2/ Les organes consultatifs
a/ La commission médicale d’établissement (CME)
Elle contribue à l’élaboration de la politique d’amélioration de la qualité et de la sécurité des
soins. Elle est également consultée sur les projets relatifs aux conditions d’accueil et de prise
en charge des usagers. C’est une instance consultative importante qui est à la fois consultée et
informée.
b/ La commission des soins infirmiers, de rééducation et médico-techniques (CSIRMT)

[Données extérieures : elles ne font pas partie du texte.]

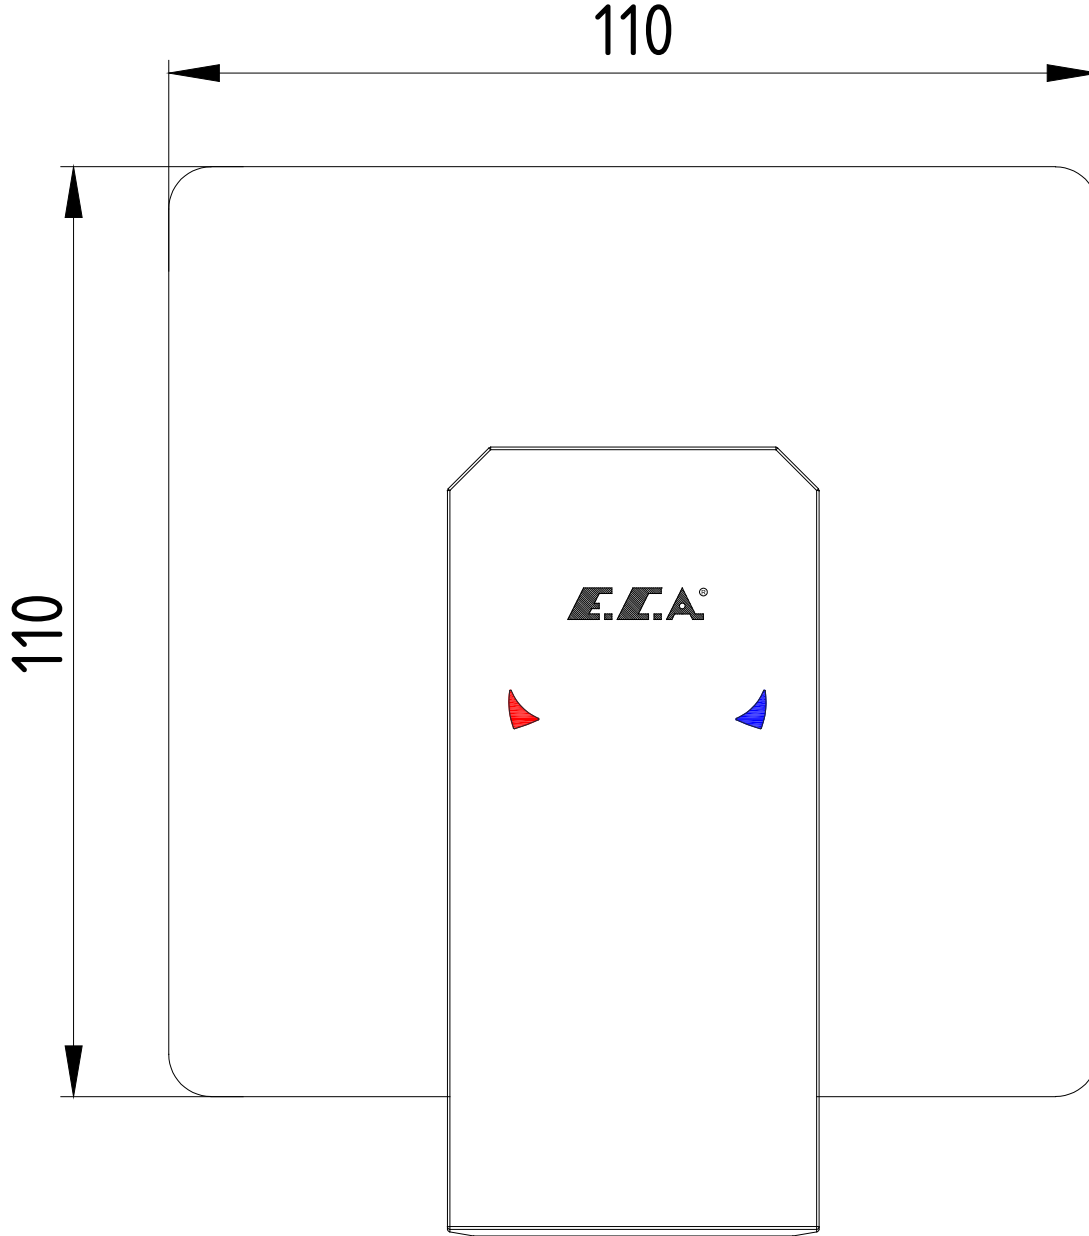

ANKASTRE BANYO/DUŐ BATARYALARI CONCEALED BATH/SHOWER MIXERS

E.C.A.®

Ürün Kodu : 102167105-K - TİERA AnkaŖe Duő Bataryası Sıva ÜŖtü Grubu (**İhracat Kodu**: 102167105EX-K)

Product Code: 102167105-K - TİERA Concealed Shower Mixer Surface Mounted Group (**Export Code**: 102167105EX-K)

*Localization product codes are available.

Mart 2020 / March 2020

www.eca.com.tr

E.C.A. önceden haber vermeksizin, ürünler ve ürünlerin teknik detaylarında deęişiklik yapma hakkını saklı tutar.

We reserve the right to alter product specification and colors and to make technical modifications without prior notice.

Elginkan

Elle s’intéresse à toutes les questions liées à l’organisation des soins. Ses membres sont
répartis en trois collèges : cadres de santé ; personnels infirmiers, de rééducation et médicotechniques ; aides-soignants. Depuis l’ordonnance du 2 mai 2005, c’est une instance
consultative qui est aussi informée.
c/ Le comité technique d’établissement
C’est l’instance représentative des personnels non médicaux. Elle est consultée pour les prises
de décisions concernant la restructuration des services, l’hygiène, la sécurité et la gestion de
carrière du personnel
III/ L’ORGANISATION FINANCIERE
Depuis la mise en place du plan Hôpital 2007, le système de financement des hôpitaux est
basé sur la tarification à l’activité (T2A). Avec la T2A, ce sont les activités de l’établissement
qui déterminent ses ressources financières (selon les types de soins délivrés, le nb et les
pathologies des patients…). Il s’agit donc de mieux faire correspondre les recettes aux
activités médicales de manière à faire des économies. Ainsi, en fonction des types de
pathologies traitées dans l’établissement, celui-ci percevra un financement plus ou moins
important.
IV/ L’ORGANISATION EN POLES
Les différents services (pédiatrie, chirurgie…) ont été réorganisés et sont dorénavant des
Pôles. Les Pôles sont donc des lieux où se définissent les soins à mettre en place et où les
équipes soignantes sont managées.
V/ LES DROITS DES PERSONNES MALADES
C’est la loi du 4 mars 2002 qui définit les droits des usagers : droit à l’égal accès à la
prévention et à des soins de qualité ; au respect de sa vie privée et de sa dignité ; à
l’information sur sa santé, et notamment droit à l’accès à son dossier médical ; droits
collectifs exercés par le biais d’associations de représentants des usagers.
La loi du 4 mars 2002 a également instauré les commissions des relations avec les usagers
(CRU). Elles ont pour mission de veiller au respect des droits des usagers et de faciliter leurs
démarches.
VI/ EVOLUTION DU SYSTEME HOSPITALIER
Le plan Hôpital 2012 a pour objectif d’améliorer l’efficience de l’offre hospitalière
(renforcement des complémentarités entre établissements pour limiter les dépenses) et de
poursuivre la modernisation technique des établissements de santé (mise aux normes de
sécurité et informatisation des systèmes d’information).